## PROBLEM DETAILS
Type the entries out once more. Match them exactly.

___ PROVIDED DATA

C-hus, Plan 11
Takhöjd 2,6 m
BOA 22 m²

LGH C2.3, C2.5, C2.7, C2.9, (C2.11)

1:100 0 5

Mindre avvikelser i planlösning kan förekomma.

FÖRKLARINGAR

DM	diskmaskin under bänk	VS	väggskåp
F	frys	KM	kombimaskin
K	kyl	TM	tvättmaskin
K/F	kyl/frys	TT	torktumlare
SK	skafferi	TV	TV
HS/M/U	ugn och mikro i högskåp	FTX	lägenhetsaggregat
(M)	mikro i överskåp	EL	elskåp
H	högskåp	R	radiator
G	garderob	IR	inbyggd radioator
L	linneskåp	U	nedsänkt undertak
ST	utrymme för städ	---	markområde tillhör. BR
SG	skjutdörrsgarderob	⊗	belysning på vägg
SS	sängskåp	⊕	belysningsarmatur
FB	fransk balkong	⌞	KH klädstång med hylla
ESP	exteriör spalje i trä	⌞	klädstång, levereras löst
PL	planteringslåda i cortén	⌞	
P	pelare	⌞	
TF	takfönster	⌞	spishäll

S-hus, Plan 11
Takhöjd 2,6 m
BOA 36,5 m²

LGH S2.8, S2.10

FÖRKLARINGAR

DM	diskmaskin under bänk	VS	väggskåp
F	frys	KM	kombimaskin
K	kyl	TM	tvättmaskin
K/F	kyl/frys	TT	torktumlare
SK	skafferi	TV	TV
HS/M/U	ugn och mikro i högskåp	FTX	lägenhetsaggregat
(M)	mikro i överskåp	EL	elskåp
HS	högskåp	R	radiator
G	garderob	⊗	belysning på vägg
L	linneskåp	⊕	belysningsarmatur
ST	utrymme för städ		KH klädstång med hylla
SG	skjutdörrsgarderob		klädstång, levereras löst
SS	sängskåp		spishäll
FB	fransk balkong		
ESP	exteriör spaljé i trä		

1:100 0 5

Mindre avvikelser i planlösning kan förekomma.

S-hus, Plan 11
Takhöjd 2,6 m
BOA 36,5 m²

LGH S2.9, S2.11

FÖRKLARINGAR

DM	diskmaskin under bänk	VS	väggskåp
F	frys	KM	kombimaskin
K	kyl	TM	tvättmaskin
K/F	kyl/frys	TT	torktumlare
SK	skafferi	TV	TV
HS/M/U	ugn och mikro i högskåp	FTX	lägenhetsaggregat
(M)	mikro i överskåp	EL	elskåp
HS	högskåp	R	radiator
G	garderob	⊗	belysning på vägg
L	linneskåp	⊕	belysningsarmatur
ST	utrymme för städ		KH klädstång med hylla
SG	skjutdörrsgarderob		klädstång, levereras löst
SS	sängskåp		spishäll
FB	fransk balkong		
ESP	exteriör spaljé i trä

______

## WRITTEN ANSWER
C-hus, Plan 11
Takhöjd 2,6 m
BOA 22 m²

LGH C2.3, C2.5, C2.7, C2.9, (C2.11)

1:100 0 5

Mindre avvikelser i planlösning kan förekomma.

FÖRKLARINGAR

DM	diskmaskin under bänk	VS	väggskåp
F	frys	KM	kombimaskin
K	kyl	TM	tvättmaskin
K/F	kyl/frys	TT	torktumlare
SK	skafferi	TV	TV
HS/M/U	ugn och mikro i högskåp	FTX	lägenhetsaggregat
(M)	mikro i överskåp	EL	elskåp
H	högskåp	R	radiator
G	garderob	IR	inbyggd radioator
L	linneskåp	U	nedsänkt undertak
ST	utrymme för städ	---	markområde tillhör. BR
SG	skjutdörrsgarderob	⊗	belysning på vägg
SS	sängskåp	⊕	belysningsarmatur
FB	fransk balkong	⌞	KH klädstång med hylla
ESP	exteriör spalje i trä	⌞	klädstång, levereras löst
PL	planteringslåda i cortén	⌞	
P	pelare	⌞	
TF	takfönster	⌞	spishäll

S-hus, Plan 11
Takhöjd 2,6 m
BOA 36,5 m²

LGH S2.8, S2.10

FÖRKLARINGAR

DM	diskmaskin under bänk	VS	väggskåp
F	frys	KM	kombimaskin
K	kyl	TM	tvättmaskin
K/F	kyl/frys	TT	torktumlare
SK	skafferi	TV	TV
HS/M/U	ugn och mikro i högskåp	FTX	lägenhetsaggregat
(M)	mikro i överskåp	EL	elskåp
HS	högskåp	R	radiator
G	garderob	⊗	belysning på vägg
L	linneskåp	⊕	belysningsarmatur
ST	utrymme för städ		KH klädstång med hylla
SG	skjutdörrsgarderob		klädstång, levereras löst
SS	sängskåp		spishäll
FB	fransk balkong		
ESP	exteriör spaljé i trä		

1:100 0 5

Mindre avvikelser i planlösning kan förekomma.

S-hus, Plan 11
Takhöjd 2,6 m
BOA 36,5 m²

LGH S2.9, S2.11

FÖRKLARINGAR

DM	diskmaskin under bänk	VS	väggskåp
F	frys	KM	kombimaskin
K	kyl	TM	tvättmaskin
K/F	kyl/frys	TT	torktumlare
SK	skafferi	TV	TV
HS/M/U	ugn och mikro i högskåp	FTX	lägenhetsaggregat
(M)	mikro i överskåp	EL	elskåp
HS	högskåp	R	radiator
G	garderob	⊗	belysning på vägg
L	linneskåp	⊕	belysningsarmatur
ST	utrymme för städ		KH klädstång med hylla
SG	skjutdörrsgarderob		klädstång, levereras löst
SS	sängskåp		spishäll
FB	fransk balkong		
ESP	exteriör spaljé i trä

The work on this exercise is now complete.